▶ **Task inputs**
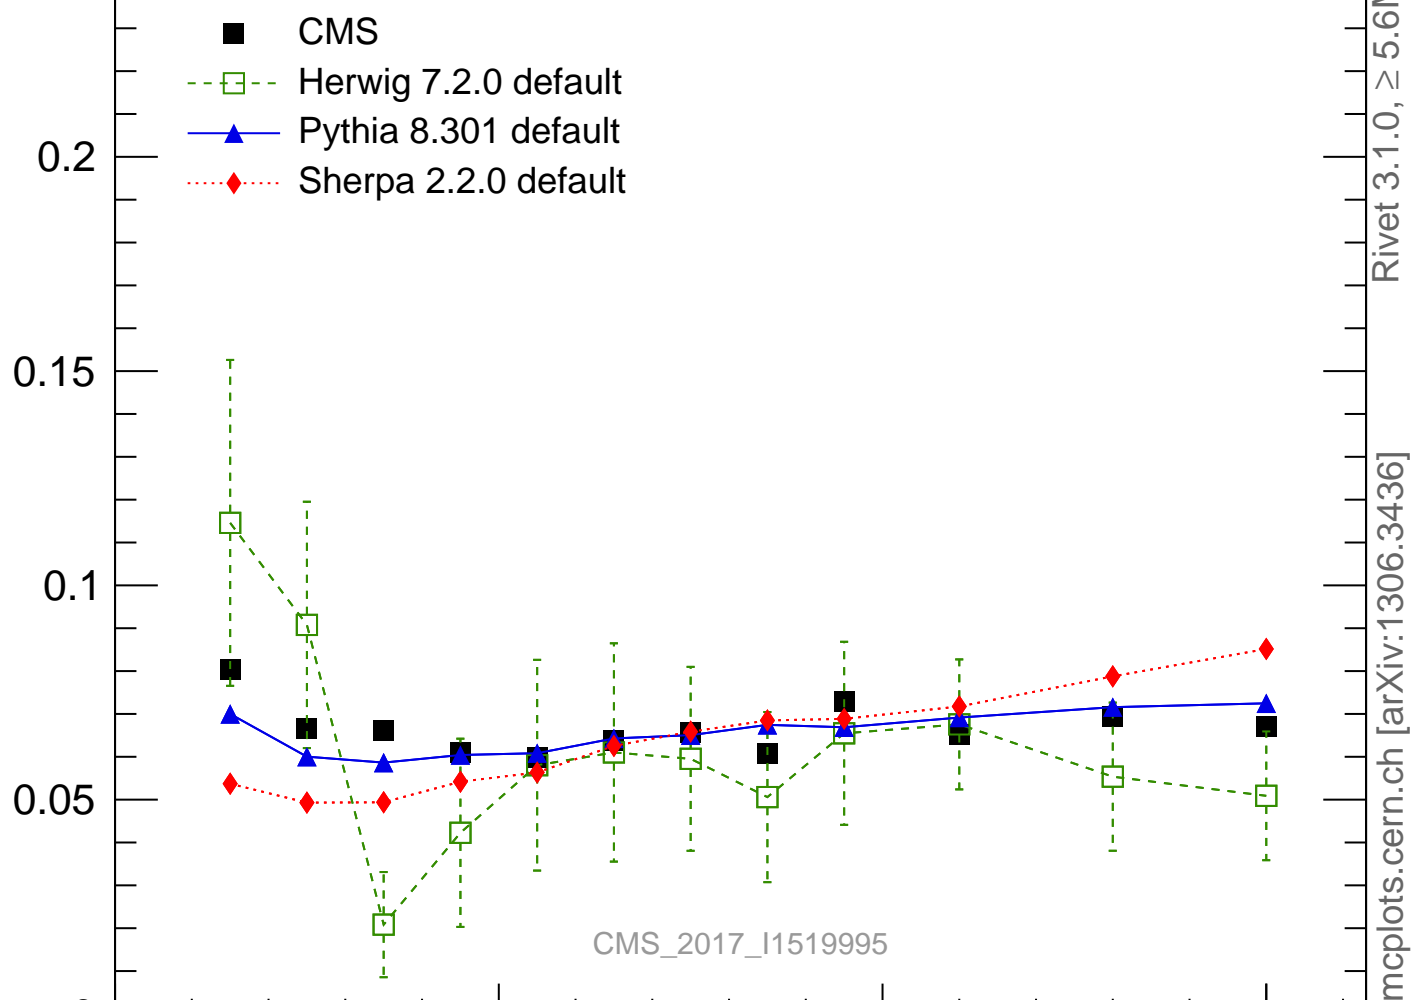

Di-jet χ ($3000 < M_{jj} < 3600$)Rivet 3.1.0, $\geq 5.6M$ events

mcplots.cern.ch [arXiv:1306.3436]
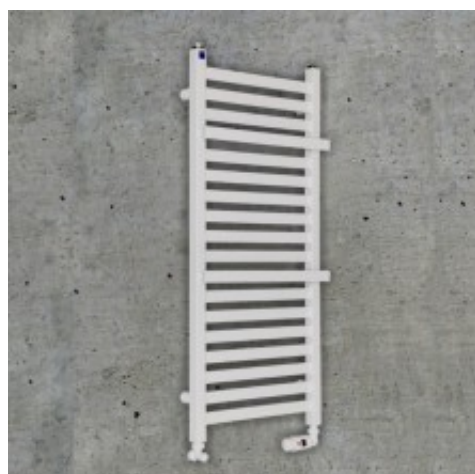

Link do produktu: <https://tomsan.pl/komex-irma-630x500-grzejnik-lazienkowy-bialy-p-11219.html>

## Komex Irma 630x500 Grzejnik łazienkowy biały

Cena	<b>399,00 zł</b>
Dostępność	<b>Dostępność do 30 dni</b>
Czas wysyłki	<b>do 14 dni</b>
Numer katalogowy	<b>IRMA630500B</b>
Producent	<b>Komex</b>

### Opis produktu

Irma to grzejnik łazienkowy o kwadratowych kolektorach i funkcjonalnych grzejących półkach. Idealny jako suszarka.

<b>Wysokość (mm)</b>	500
<b>Szerokość (mm)</b>	630
<b>Głębokość całkowita (mm)</b>	93-103
<b>Rozstaw otworów montażowych (mm)</b>	600
<b>Moc 55/45/20 (W)</b>	144
<b>Moc 75/65/20 (W)</b>	240
<b>Moc 90/70/20 (W)</b>	300
Budowa:	- kolektory pionowe kwadratowe o przekroju 30x30 mm - profile poziome: płaskowniki o przekroju 30x50 - półki poziome grzejące : płaskowniki o przekroju 30x50
Podłączenie:	- gniazda z gwintem 1/2
Ciśnienie robocze:	10 bar
Wyposażenie:	- korek  - odpowietrznik  - uchwyty mocujące  - kołki rozporowe
Przeznaczenie:	- stosować w systemie z wymuszonym obiegiem wody  - istnieje możliwość podłączenia grzałki elektrycznej co umożliwia korzystanie z grzejnika poza sezonem grzewczym.  - grzejnik może też zostać przystosowany do pracy wyłącznie pod grzałkę (wersja elektryczna) tzn. zalany specjalnym płynem. W takim przypadku musi być obowiązkowo zamontowany zawór bezpieczeństwa.

▶ **Assigned task**
Give the number of lines in the records that hold the word "produktu", with no other words.

▶ **Response to the exercise**
2